高昂的计算基础设施成本是中小型製造商和研究机构面临的主要限制因素。先进的人工智慧建模需要强大的运算能力、专用软体平台和熟练的专业人员来开发精确的材料预测演算法。维护量子运算能力和高效能运算丛集的成本限制了研发预算有限的机构对其应用。这种技术壁垒可能会在拥有雄厚研发资源的大型企业和旨在进入市场的中小型创新者之间造成竞争差距。

在电动车製造领域的应用不断扩展

电动车製造领域应用的不断扩展为人工智慧设计合金带来了巨大的成长机会。电动车製造商正在寻求能够延长电池续航里程、同时保持结构完整性和碰撞安全性能的轻量材料。人工智慧优化的铝合金和高熵合金能够在不影响安全性的前提下减轻车辆重量。此外，电池系统的温度控管要求也催生了对具有特定散热性能合金的需求。随着全球电动车普及速度的加快，人工智慧设计材料将在应对汽车性能挑战方面发挥日益重要的作用。

检验和认证的复杂性

检验和认证的复杂性阻碍了市场扩张。新开发的AI设计合金必须经过广泛的测试才能获得航太和国防领域的核准。监管机构要求提供经实践验证的性能历史和可靠性数据，而这些数据仅靠计算模型无法提供。关键应用领域漫长的认证流程可能会延迟产品上市和投资回报。此外，即使计算预测结果令人鼓舞，但对于用于安全关键部件的未经验证材料，保险和责任方面的担忧也可能阻碍其应用。

新冠疫情的影响：

新冠疫情扰乱了传统的合金生产供应链，同时也凸显了材料创新自主化的必要性。封锁措施加速了材料研究领域的数位转型，促使各机构投资人工智慧平台，以减少对实体实验的依赖。疫情引发的半导体短缺影响了汽车生产，促使人们将注意力转向材料效率和轻量化，以推动电气化发展。远端协作工具使全球研究团队能够推进计算材料科学计划，最终加速了向人工智慧主导的合金开发方法的转变。
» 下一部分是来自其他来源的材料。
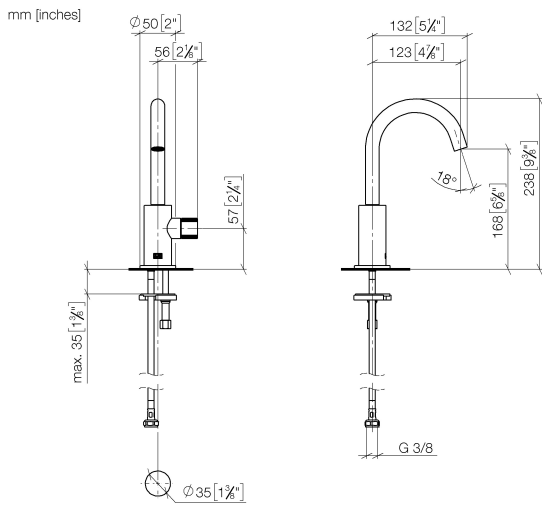

17 500 661

- Ausladung 123 mm
- schwenkbarer Auslauf 360°
- runder luftangereicherter Strahl
- Armaturenhöhe 238 mm
- Höhe bis Luftsprudler 168 mm
- Bohrungsdurchmesser 35 mm
- Rosette Ø 50 mm
- Durchfluss max. 5,7 l/min
- bleifrei
- Dieses Produkt leistet einen Beitrag zur Erfüllung der Vorgaben von nachhaltigen Gebäudezertifizierungen, z.B. LEED®, BREEAM®, DGNB

17 500 661

**Durchflussdiagramm**

**Zertifikate**

LGA\_18590.

17 500 661

Ersatzteile für die  
anderen  
Oberflächenvarianten  
finden Sie hier:  
Chrom

### Ersatzteilstückliste

Nr.	Artikelnummer	Benennung	Verbaumenge	Lieferzeit
1	90 28 22 312 00-47	Auslauf	1	30
2	09 18 20 221-47	Aufnahme	1	-
Ersatzteil nicht mehr bestellbar, bitte bestellen Sie den Nachfolgeartikel				
3	90 90 03 131 01 90	Oberteil	1	2
4	09 24 04 533-47	Mutter	1	60
5	09 20 66 013-47	Griff	1	60
6	09 14 10 202 90	Dichtung	1	2
7	09 27 66 006-47	Rosette	1	60
8	04 30 04 100 00 90	Schlauch	1	2
9	09 31 11 012 90	Stift	1	2
10	04 30 11 038 00 90	Befestigungssatz	1	2
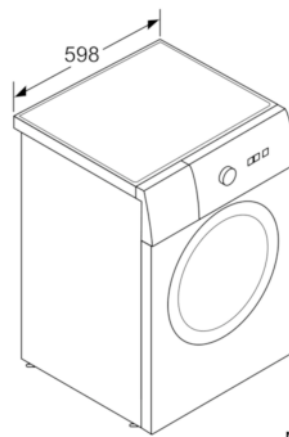

#### Technische Informationen

- Gerätemaße (H x B x T): 84,8 cm x 59,8 cm x 59,0 cm
- unterschiebbar ab 85 cm Nischenhöhe

**Serie | 4 Waschmaschinen****WAK28248****Waschmaschine**

Maße in mm

Maße in mm

Maße in mm
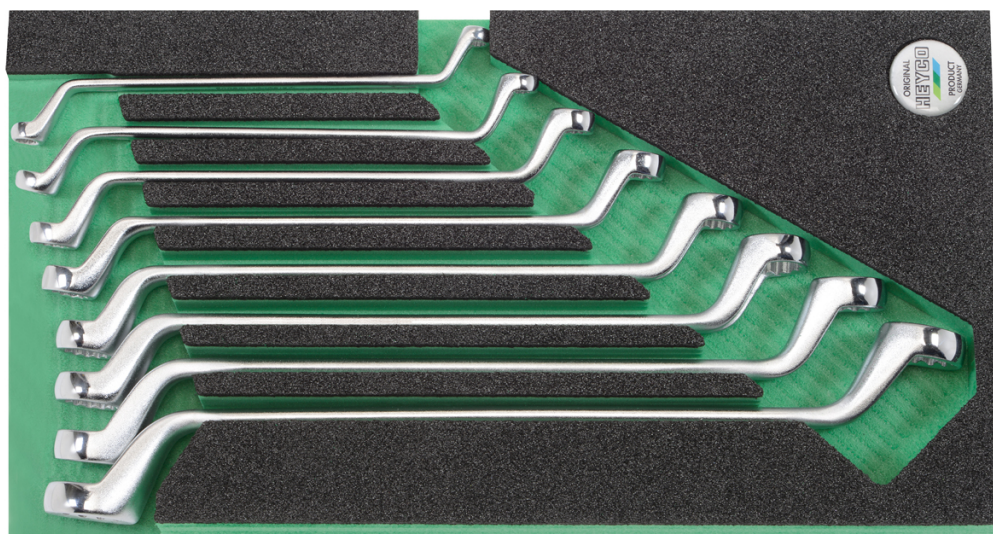

Ringsleutelset, 6-22 mm, 8-dlg.

Module, DIN 838/ ISO 1085, Chrom-Vanadium, verchromd, Ringe gepolijst,

Details	
Code-No.	00973000282
pcs.	8
Weight	1460
Packaging unit	1
EAN	4024089120769
Verpakking	modules

Inhoud

Code-No.	Naam	Hoeveelheid
----------	------	-------------

00475060782	Doppelringschlüssel, 6 x 7 mm	1
00475080982	Doppelringschlüssel, 8 x 9 mm	1
00475101182	Doppelringschlüssel, 10 x 11 mm	1
00475121382	Doppelringschlüssel, 12 x 13 mm	1
00475141582	Doppelringschlüssel, 14 x 15 mm	1
00475161782	Doppelringschlüssel, 16 x 17 mm	1
00475181982	Doppelringschlüssel, 18 x 19 mm	1
00475202282	Doppelringschlüssel, 20 x 22 mm	1

在预测期内，高熵合金细分市场预计将占据最大的市场份额。

由于其卓越的机械性能和在极端温度范围内的稳定性，高熵合金预计将在预测期内占据最大的市场份额。与传统合金相比，这些多组分合金具有更优异的强度、延展性和耐腐蚀性。在航太和国防领域，对高熵合金的需求日益增长，尤其是在那些容不得任何失效的关键零件中。即使在强烈的热应力和机械应力下，高熵合金仍能保持结构完整性，这将使其成为预测期内关键任务应用的最佳选择。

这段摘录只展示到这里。